● **Data for processing**:
——————

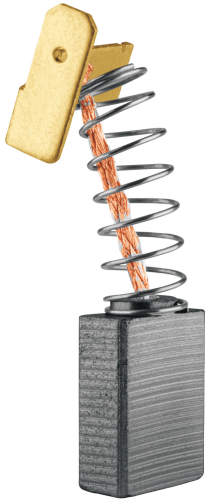

TRUPER

CÓDIGO: 101380 CLAVE: CB-ROU-A3

**Bolsa con 2 carbones de repuesto para ROU-A3, TRUPER**

- Para router modelo ROU-A3 marca TRUPER®

**Certificaciones y garantías**

• Garantizado contra defectos de fabricación o mano de obra. La garantía se puede hacer válida con cualquier distribuidor de TRUPER

**Especificaciones**

Empaque individual	Caballote
Inner	12
Master	96
Pallet	29568

**País de origen**

**Fabricado en China bajo las estrictas especificaciones de GRUPO TRUPER**

Imágenes complementarias
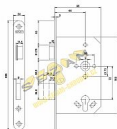

## Popis

- dvouzápadový zámek - protipožární provedení - ovládání přes cylindrickou vložku - zámek s převodem (střelku lze ovládat přes cylindrickou vložku) - nedělený ořech 8 mm Směr DIN montáže: Pravý x levý Typ balení: Jednotlivé Backset: 65 mm Protipožární certifikace: Ano Body uzamčení: Jednotlivý bod (počet bodů) Typ dveří: Běžný profil
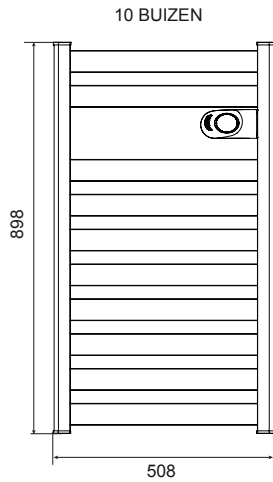

DRL E-COMFORT ZION VLOEISTOFVRIJE BADKAMERRADIATOR

DRL ART.NR.	OMSCHRIJVING	KLEUR	HOOGTE H (mm)	BREEDTE B (mm)	AANTAL BUIZEN	DIEPTE D (mm)	VERMOGEN (Watt)	GEWICHT (kg)
212207	DRL E-Comfort Zion 658x508 - 500W - Wit RAL 9010		658	508	7	40	500	3,2
212208	DRL E-Comfort Zion 898x508 - 750W - Wit RAL 9010		898	508	10	40	750	4,5
212209	DRL E-Comfort Zion 658x508 - 500W - Antraciet RAL 7016		658	508	7	40	500	3,2
212210	DRL E-Comfort Zion 898x508 - 750W - Antraciet RAL 7016		898	508	10	40	750	4,5

——————

● **What is being asked**:
When you reach the line containing "para ROU-A3, TRUPER**" in the entries above, please retype it and each line after it through the last one, exactly, without the pictures.

● **Result for this exercise**:
**Bolsa con 2 carbones de repuesto para ROU-A3, TRUPER**

- Para router modelo ROU-A3 marca TRUPER®

**Certificaciones y garantías**

• Garantizado contra defectos de fabricación o mano de obra. La garantía se puede hacer válida con cualquier distribuidor de TRUPER

**Especificaciones**

Empaque individual	Caballote
Inner	12
Master	96
Pallet	29568

**País de origen**

**Fabricado en China bajo las estrictas especificaciones de GRUPO TRUPER**

Imágenes complementarias

## Popis

- dvouzápadový zámek - protipožární provedení - ovládání přes cylindrickou vložku - zámek s převodem (střelku lze ovládat přes cylindrickou vložku) - nedělený ořech 8 mm Směr DIN montáže: Pravý x levý Typ balení: Jednotlivé Backset: 65 mm Protipožární certifikace: Ano Body uzamčení: Jednotlivý bod (počet bodů) Typ dveří: Běžný profil

DRL E-COMFORT ZION VLOEISTOFVRIJE BADKAMERRADIATOR

DRL ART.NR.	OMSCHRIJVING	KLEUR	HOOGTE H (mm)	BREEDTE B (mm)	AANTAL BUIZEN	DIEPTE D (mm)	VERMOGEN (Watt)	GEWICHT (kg)
212207	DRL E-Comfort Zion 658x508 - 500W - Wit RAL 9010		658	508	7	40	500	3,2
212208	DRL E-Comfort Zion 898x508 - 750W - Wit RAL 9010		898	508	10	40	750	4,5
212209	DRL E-Comfort Zion 658x508 - 500W - Antraciet RAL 7016		658	508	7	40	500	3,2
212210	DRL E-Comfort Zion 898x508 - 750W - Antraciet RAL 7016		898	508	10	40	750	4,5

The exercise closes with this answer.